The Japundit has a good post about this article in the International Herald Tribune.
The article focuses on a historians attempt to recognize Kim Il Sung in the resistance movement against the Japanese colonization.
Kang Man Gil, a renowned historian appointed as head of a prestigious government committee preparing for the 60th anniversary of Korea’s liberation from Japanese colonial rule, was asked a question by a reporter last week and he said what few historians dispute. When his reply was reported, however, many South Koreans called for Kang’s dismissal.
Kang said last week that Kim Il Sung, the late North Korean president, had fought against colonial Japan.
“It’s a historical fact,” Kang said, adding that “Kim’s anti-Japanese struggle should be considered part of the nation’s independence movement.”
So maybe the Japanese are not the only ones white washing past history?
The controversy over Kang’s comment illustrates how divided South Koreans are, as the government of President Roh Moo Hyun tries to re-examine the nation’s modern history.
It also reminds South Koreans that, a decade after his death, the Communist leader’s specter is still haunting them.
Here are some funny propaganda “facts” put out by the communists up North.
The personality cult in North Korea surrounding “Great Leader” Kim and his son, the current leader, Kim Jong Il, rests on the senior Kim’s mythical role as an anti-Japanese resistance hero.
Monuments, murals, poems and operas celebrate Kim’s rebel days, especially his guerrilla unit’s daring raid on a Japanese police station in 1937, at the height of colonial repression.
Communist propagandists claim that the nation was liberated by Kim himself.
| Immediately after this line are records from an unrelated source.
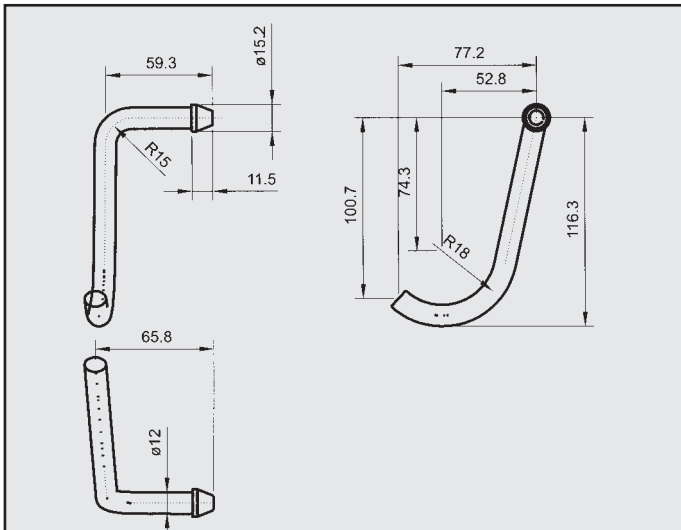

FORD TRANSIT DIESEL '84
ATTACCO
COD. AT 261006
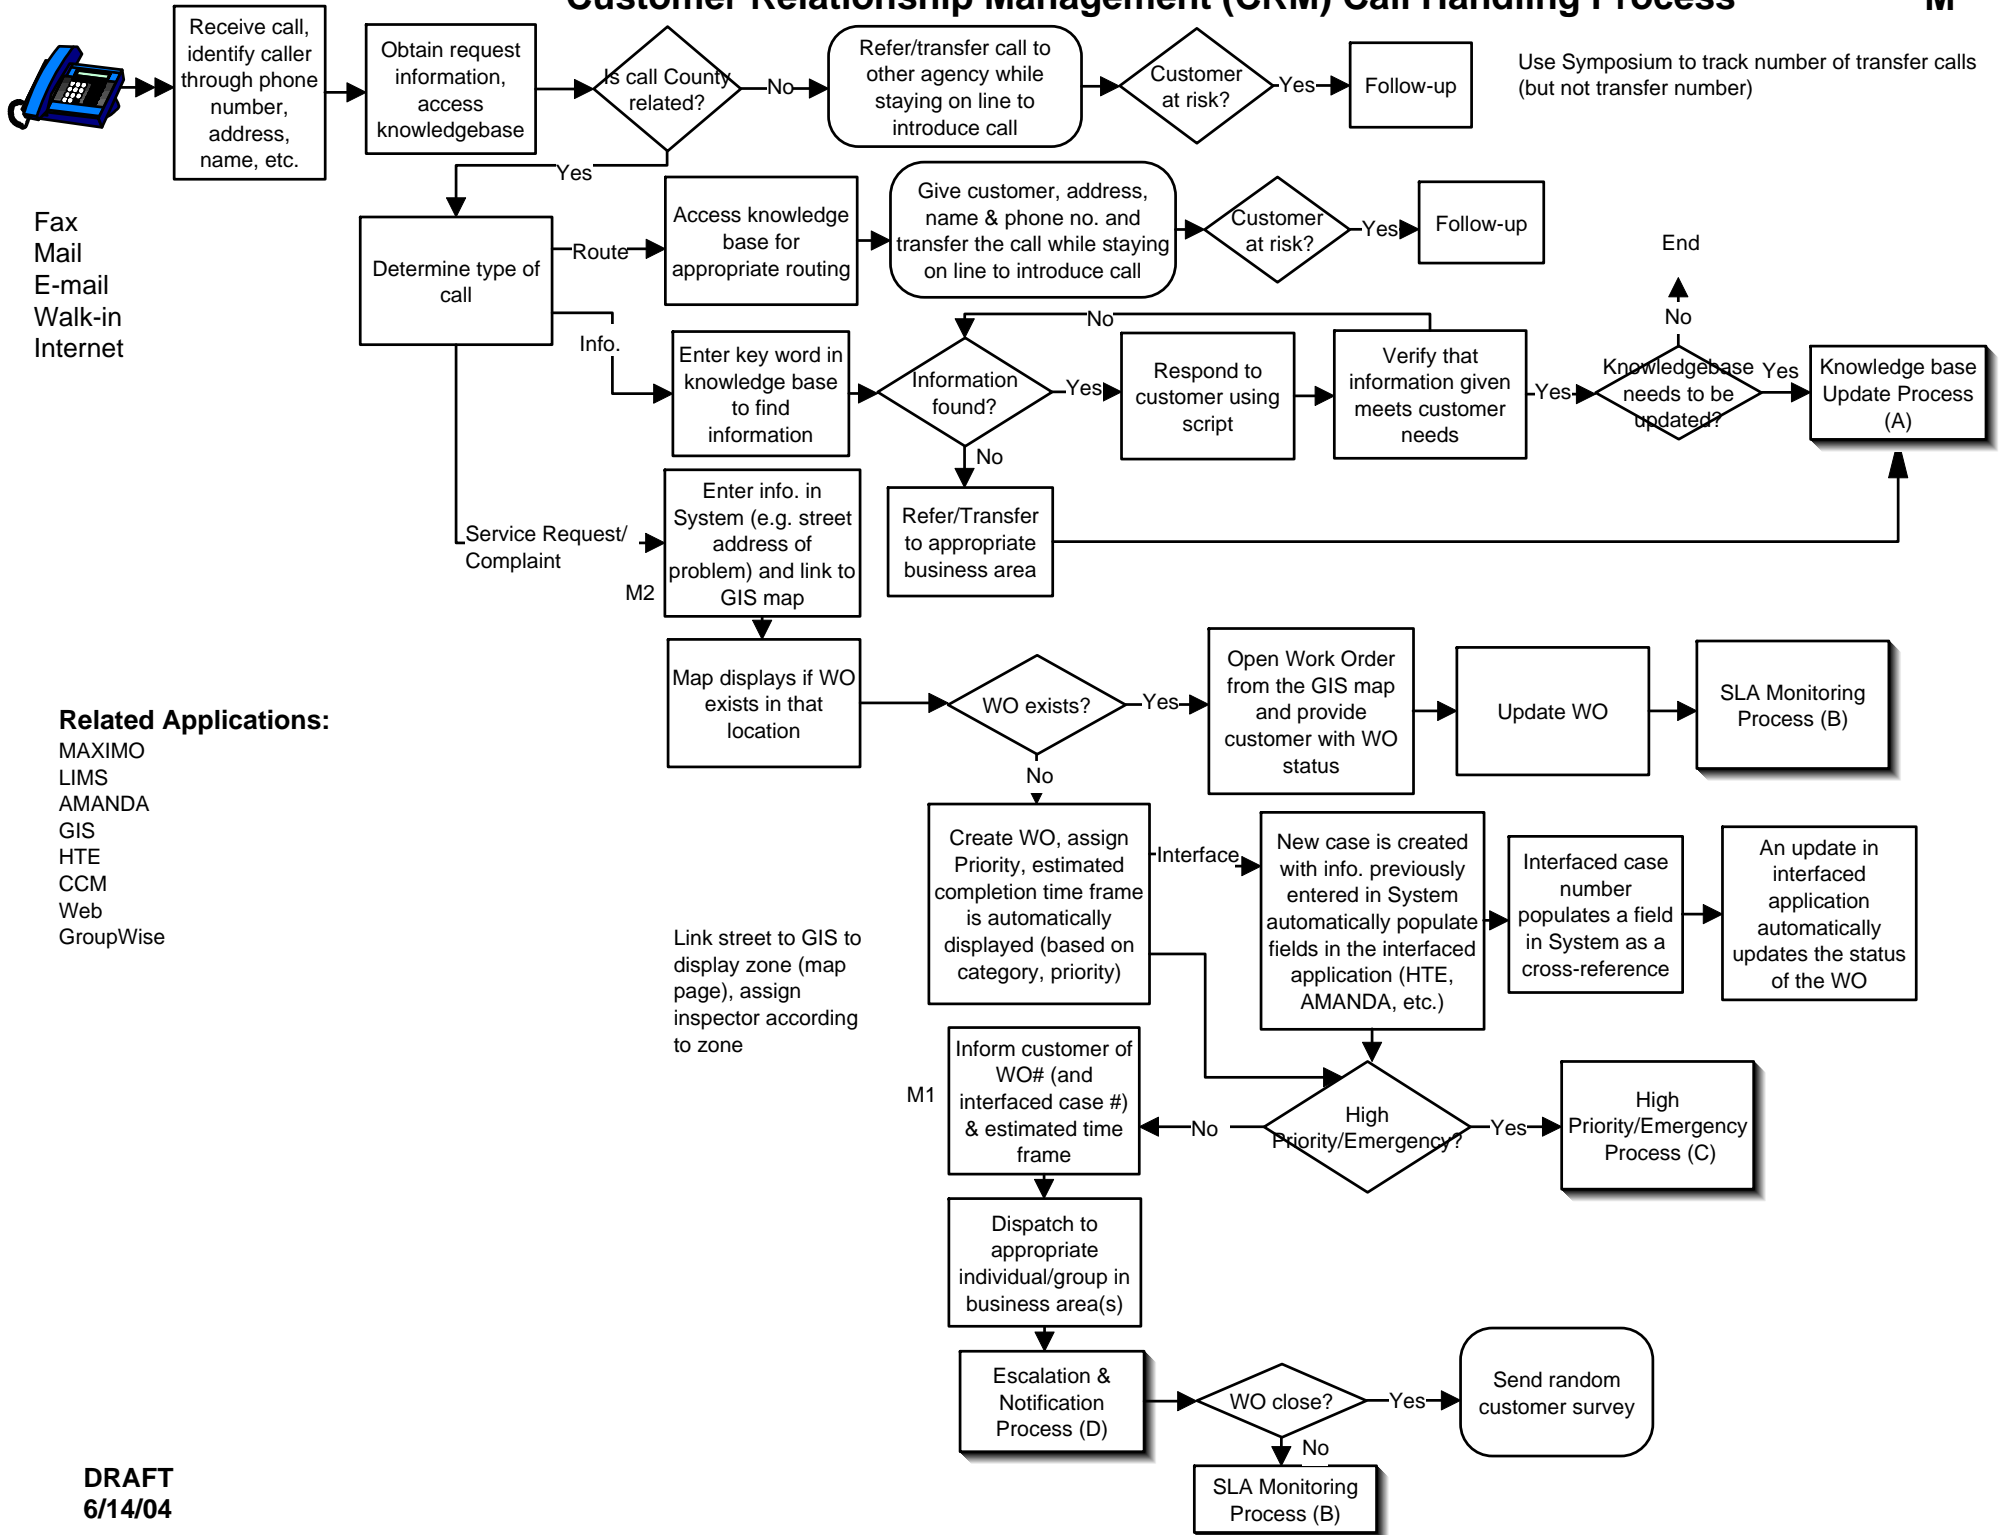

# Customer Relationship Management (CRM) Call Handling Process

Fax  
Mail  
E-mail  
Walk-in  
Internet

**Related Applications:**  
MAXIMO  
LIMS  
AMANDA  
GIS  
HTE  
CCM  
Web  
GroupWise

Link street to GIS to display zone (map page), assign inspector according to zone

M1

M2
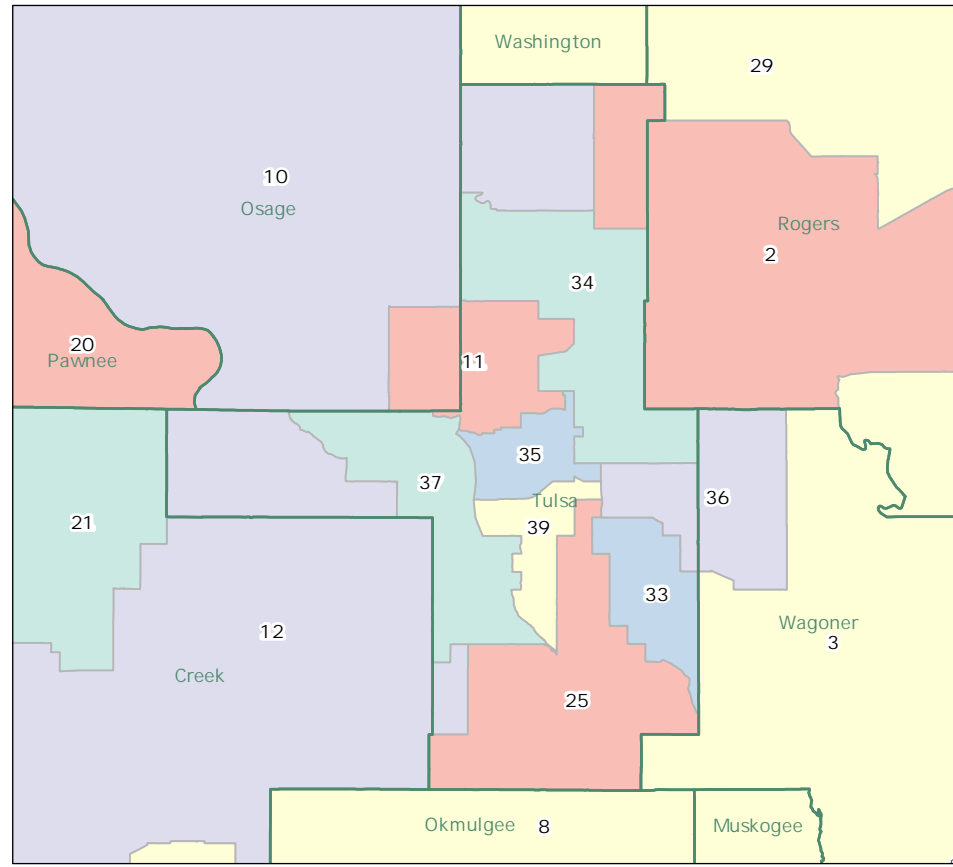

OKC Metro

Tulsa Metro

# Oklahoma Senate 2022-2030 Elections

County  
 Senate Districts
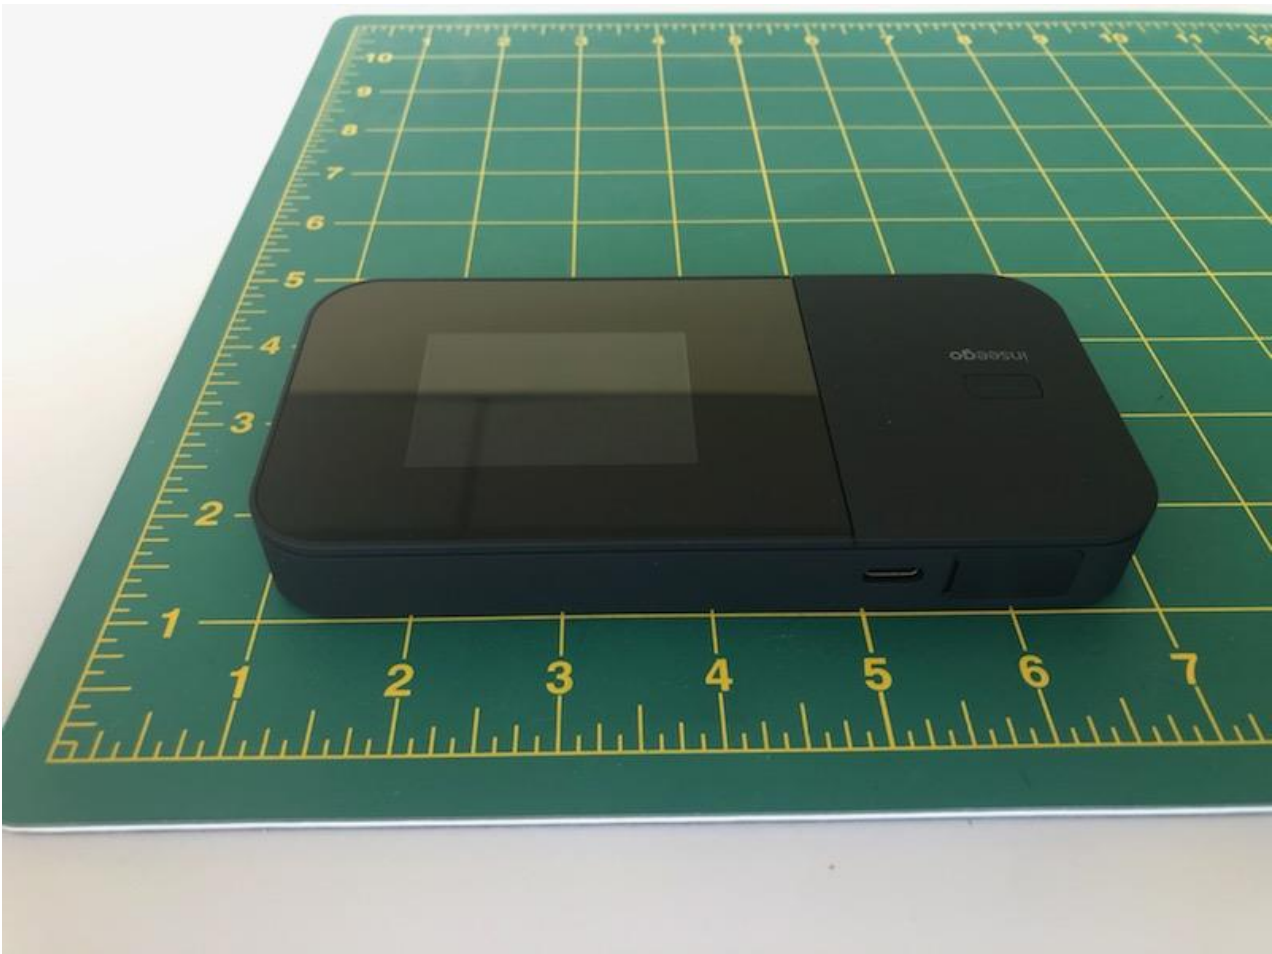

1. External Photograph of EUT

Brand Name: Inseego / Model Name: M3100 / Marketing Name: M3100

2. Photograph of Accessory

Brand Name: Inseego / Model Name: M3100 / Marketing Name: M3100

| Specification of Accessory | | |
|----------------------------|------------|--------------------|
| AC Adapter | Brand Name | Inseego |
| | Model Name | MCUS-12015018Q1 |
| Battery | Brand Name | Inseego |
| | Model Name | 160006 |
| USB Cable | Brand Name | Awesome Smart Link |
| | Model Name | INSGUSB3.0 |

Remark: For accessories equipped with this EUT, please refer to the following photos.

AC Adapter

Battery

—THE END—
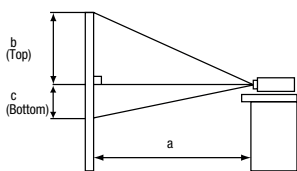

CP-WU8451 / CP-WU8461

HITACHI

Inspire the Next

Technical Specifications

Lens Specifications

Image Size 16:10 - Standard Lens: ML-703				
Screen size (diagonal)	Projection distance (a)		Screen height (cm)	
	Wide (m)	Tele (m)	b (top)	c (bottom)
30" (0.8m)	1.0	1.9	45	-4
40" (1.0m)	1.3	2.6	60	-6
50" (1.3m)	1.6	3.2	75	-7
60" (1.5m)	1.9	3.8	90	-9
70" (1.8m)	2.3	4.5	105	-10
80" (2.0m)	2.6	5.1	120	-12
90" (2.3m)	2.9	5.8	135	-13
100" (2.5m)	3.2	6.4	150	-15
150" (3.8m)	4.8	9.6	224	-22
200" (5.1m)	6.4	12.8	299	-30
250" (6.4m)	8.0	16.0	374	-37
300" (7.6m)	9.6	19.1	449	-45
500" (12.7m)	16.1	31.9	748	-75
600" (15.2m)	19.3	38.3	897	-90
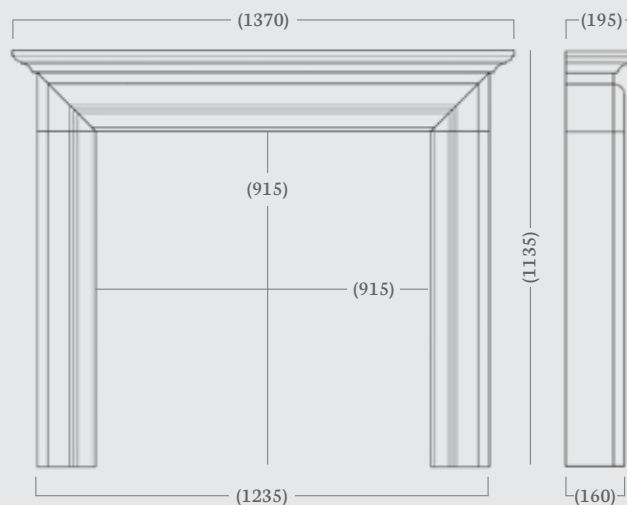

Colby 54"

The Colby 54", a beautifully classic mantel, elegantly crafted to flaunt simple, ultra-clean lines without being overtly minimal.

Pictured here with polished granite slips, black reeded fireboard chamber, Coral firebasket and polished granite hearth, slabbed for solid fuel.

Standard Rebate: 3"

Stocked in: Aegean Limestone

Made to Measure available in: Aegean Limestone, Corinthian Stone and Portuguese Limestone

They even credit Kim with miracles reminiscent of Biblical stories: Kim turning pine cones into hand grenades, or Kim taking his troops across a river on a tree leaf that he turned into a boat.
After his death in 1994, North Korea embalmed Kim’s body for public display in a mausoleum, gave him the posthumous title of “eternal president” and began marking his birthday as the “Sun’s Day.”
The nation even invented a new calendar, counting the world’s history from Kim’s birthday, April 15, 1912. North Korea once called that the 20th century’s “most turbulent day,” the day when the “Sun of the East” rose and when the British passenger ship Titanic, symbol of “swashbuckling Western imperialism,” sank. In the world according to North Korea, this is the year 94.
Read the rest of the article on your own because it is good reading but it just goes to show every country has skeltons in its closet in regards to history. The fact the Kim Il Sung was an active resistance fighter is definitely a piece of history Korea wants to keep quiet about.